Keep Sowing and Transplanting
     The mild weather continues to bode success for both sowing seeds and transplanting seedlings. 
  • Make sure seedbeds are moist before and after sowing. 
  • Fill planting holes with water and let it sink in before inserting the plant.
  • Massage rootballs to gently loosen the root system, and combine the loosened soil and container’s potting medium to provide a soil mix that combines them both – so the roots will have some of each as they extend into native soil.

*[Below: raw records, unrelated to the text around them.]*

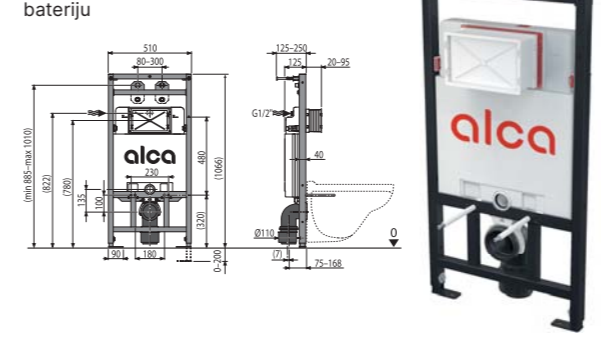

Količina (pakovanje)	1 kom
Količina (paleta)	15 kom
Dimenzije (komad)	1107×515×139 mm
Težina (komad)	15,8606 kg
Visina instalacije	1067 mm

15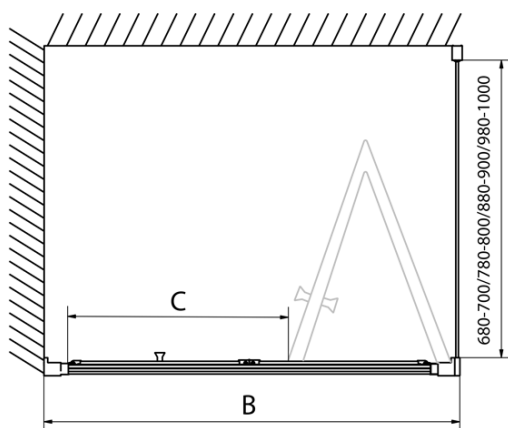

Głębokość: 1000 mm

Właściwości

Kolor profilu: Chrom - Aluminium polerowane

Kształt: Kabiny prysznicowe prostokątne

Typ otwierania: Składane

Kierunek otwierania: Uniwersalne

Szerokość wejścia: 480 mm

Rodzaj szkła: Szkło czyste

Grubość szkła: 6 mm

Właściwości: Z profilami

Waga / szt.: 56.0 kg

Opakowanie: 2 szt.

Gwarancja: 2 lata

EASY kabina prysznicowa 800x1000mm, drzwi składane, lewa/prawa, czyste szkło

Karta techniczna

Type	EL1970	EL1980	EL1990	EL1910
B	686~726	786~826	886~926	986~1026
C	390	480	550	625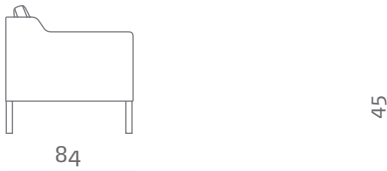

eva 5031

stouby

Simply furniture

Design: Stouby Design Team

DK

Monte er en sofaserie med løse sæde-, ryg- og armhynder udført med en let åben armprofil som giver et blødt og imødekommende udseende. Monte leveres med eksklusivt ben i børstet rustfrit stål.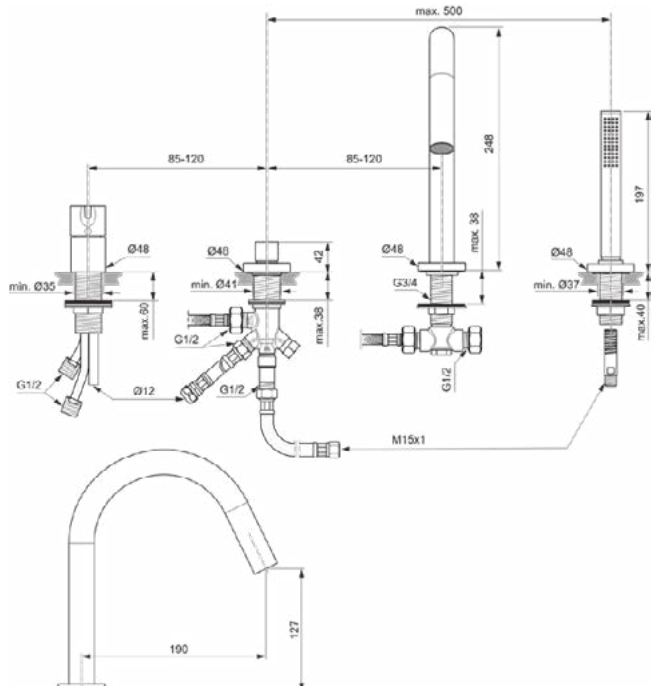

Algemene informatie

Productcategorie:	Bad/douchemengkranen
Producttype:	Bad/douchemengkraan voor badrandmontage
Merk:	Ideal Standard
Collectie:	JOY
Ontwerper:	Palomba Serafini Associati
Colour:	A5 - Magnetic Grey
Afwerking van het oppervlak:	satijn
Hoogte (mm):	248
Bevestigingswijze:	Schachtconstructie
Nettogewicht (kg):	4.02
EAN-code:	3800861087434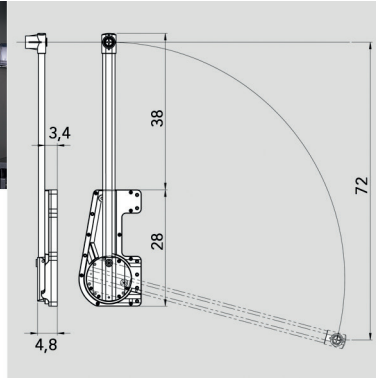

Garderobelift type S-6014

- per stuk

Bestelnr.	Afwerking	Draagkracht	Breedte regelbaar	Verpakking
049001	antraciet	max. 15 kg	850-1150 mm	1
040968	grijs	max. 15 kg	850-1150 mm	1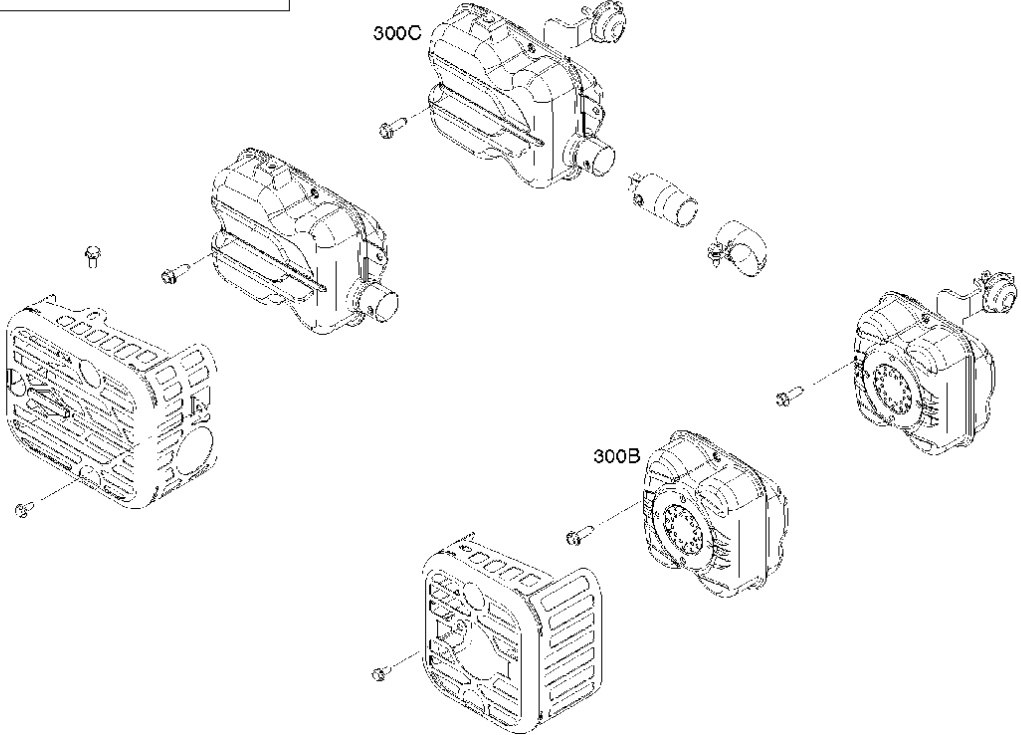

Ref	Part No	Description	Remark	QTY KIT
16	585 61 75-01	CRANKSHAFT	590537	1
24	582 28 90-90	WOODRUFF KEY	222698S	1
25	585 61 79-01	PISTON	590521	1
29	585 61 80-01	CONNECTING ROD	590518	1
46	582 28 87-19	SHAFT	592968	1
358	582 28 86-23	GASKET KIT	592640	1
N/A	589 66 98-12	KEY	Flywheel, Workshop package, 4181	10
N/A	589 66 98-07	KEY	Flywheel, Workshop package, 4144	50

Cylinder cover

BRIGGS & STRATTON ENGINES, 09P7020014H1, 2017-01

Ref	Part No	Description	Remark	QTY KIT
5	582 28 88-06	HEAD	592641	1
445	589 66 98-17	AIR FILTER	593260	1
976	582 28 75-51	CARBURETTOR	594281	1

Electrical

BRIGGS & STRATTON ENGINES, 09P7020014H1, 2017-01

Ref	Part No	Description	Remark	QTY KIT
333	577 04 59-01	IGNITION MODULE	593872	1
337	582 31 23-65	SPARK PLUG CAP	692720	1
635	582 31 17-18	SPARK PLUG CAP	692076	1

  • Water transplanted plant three times right then to make sure that the surrounding soil a foot beyond the plant is equally moist.  This also encourages roots to reach out into the native soil to establish extensive root systems.
 
Establish Watering Patterns For Summer
      Keep plants thriving into our coming hot weather by matching your watering practices to plant needs and the weather.  All plants will need more than an evening sprinkling when you come home from work – it’ll satisfy you but potentially be a problem for plants that they won’t be able to overcome when our summer heat blasts our gardens.  So start “teaching” your plants now to be able to withstand the heat onslaught that will surely come.
  • Water each plant to just below its natural root zone, depending on variety and your soil. 
    • Some plant roots are naturally shallow, going only to 1 foot in depth – like lettuce, radish, celery.  Others go to 2 feet deep – like beans, cucumbers, peppers, squash.  The deep growers, to perhaps 3 feet – include asparagus, artichoke, tomato. 
    • You’ll water this deeply every time you water, regardless of what time of year it is or how hot or cold the weather is – the point is to get the water to satisfy the needs of the plants’ entire root systems.
  • Weather will determine how frequently you water. 
    • Mild weather like during our spring and fall means watering perhaps every other week.  Warmer weather, like that week of above 85 or 90 degrees, requires watering just before the heat hits and again after. 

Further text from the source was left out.